For a more comprehensive solution handling edge cases:


map $request_uri $rewritten_uri {
    default $request_uri;
    "~^(?[^?]*)\?(?.*)$" "${path}_${query}";
}

server {
    # ... other server config ...
    
    if ($rewritten_uri != $request_uri) {
        rewrite ^ $rewritten_uri? last;
    }
    
    location / {
        root /path/to/static/files;
        try_files $uri $uri/ =404;
    }
}

While rewrite rules work, consider these optimizations:

  • Pre-process URLs during mirroring (wget --adjust-extension)
  • Use hash-based directory structures for large numbers of files
  • Implement proper cache headers for static content

Other methods to handle query strings in static mirrors:

  1. URL-encode the entire query string
  2. Use MD5 hashes of full URLs as filenames
  3. Implement a directory structure matching the URL path

When mirroring dynamic websites as static HTML files, query strings containing question marks (?) pose a significant challenge. Traditional web servers like Nginx treat these as dynamic requests rather than static file paths. The solution lies in rewriting URLs to replace question marks with underscores during the mirroring process.

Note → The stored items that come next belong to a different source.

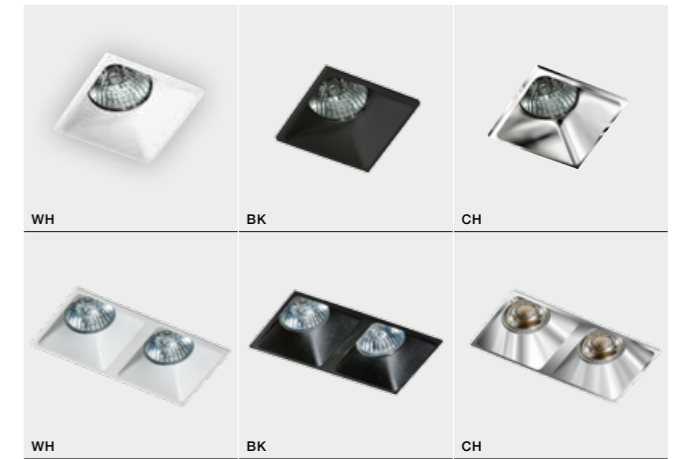

PACO 2

bulb not included

product code – look AZ	connect GU10 2x Max 50W
metal / aluminium	
IP20	installation place
group energy label	inlet opening 7,5x15,8cm

COLOUR / NEW INDEX NO.

- ALUMINIUM (ALU) **AZ0798**
- BLACK (BK) **AZ0800**
- WHITE (WH) **AZ0799**

PACO 3

bulb not included

product code – look AZ	connect GU10 3x Max 50W
metal / aluminium	
IP20	installation place
group energy label	inlet opening 7,5x23,7cm

COLOUR / NEW INDEX NO.

- ALUMINIUM (ALU) **AZ0801**
- BLACK (BK) **AZ0803**
- WHITE (WH) **AZ0802**

PIO

bulb not included

product code – look AZ	connect GU10 1x Max 50W
metal / aluminium	
IP20	installation place
group energy label	inlet opening 6,5x6,5cm

COLOUR / NEW INDEX NO.

- WHITE (WH) **AZ0760**
- BLACK (BK) **AZ1278**
- CHROME (CH) **AZ1718**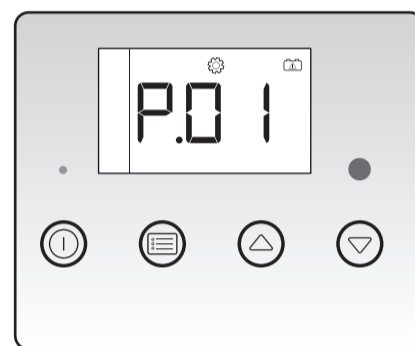

By using the product, you hereby confirm that you have read all instructions, guidelines, and warnings carefully and that you understand and agree to abide by the terms and conditions as set forth herein. Find the installation manual online on qr.dometic.com/beREFX

3

4

5

6

7

8

Here's the Nginx rewrite rule that accomplishes this transformation:

location / {
    if ($args ~ "^(.*)$") {
        rewrite ^(.*?)\?(.*)$ $1_$2? last;
    }
    try_files $uri $uri/ =404;
}

Consider this practical scenario where we want to serve mirrored content:

# Original URL: http://example.com/search.php?q=nginx+rewrite
# Becomes: /search.php_q=nginx+rewrite

server {
    listen 80;
    server_name example.com;
    root /var/www/mirror;

    location / {
        if ($args ~ "^(.*)$") {
            rewrite ^(.*?)\?(.*)$ $1_$2? last;
        }
        
        try_files $uri $uri.html $uri/ =404;
    }
}

For more complex scenarios, we can extend the solution:

# Handle multiple query parameters
rewrite ^(.*?)\?(.*)$ $1_$2? last;

# Preserve original URLs while serving static files
location @static {
    rewrite ^([^?]*)\?(.*)$ $1_$2 break;
    try_files $uri =404;
}

# Alternative approach using map directive
map $request_uri $rewrite_uri {
    default $request_uri;
    "~^(?[^?]*)\?(?.*)$" "${base}_${query}";
}

server {
    ...
    rewrite ^ $rewrite_uri? last;
    ...
}

When implementing this solution:

  • Use rewrite...last for better performance in location contexts
  • Minimize regex complexity for faster processing
  • Consider caching rewritten URLs if traffic volume is high
  • Test with various query string patterns (special characters, encoding, etc.)

Enable Nginx debug logging to troubleshoot:

error_log /var/log/nginx/error.log debug;
rewrite_log on;

Check the logs for rewrite processing details and verify the transformed URIs match your expectations.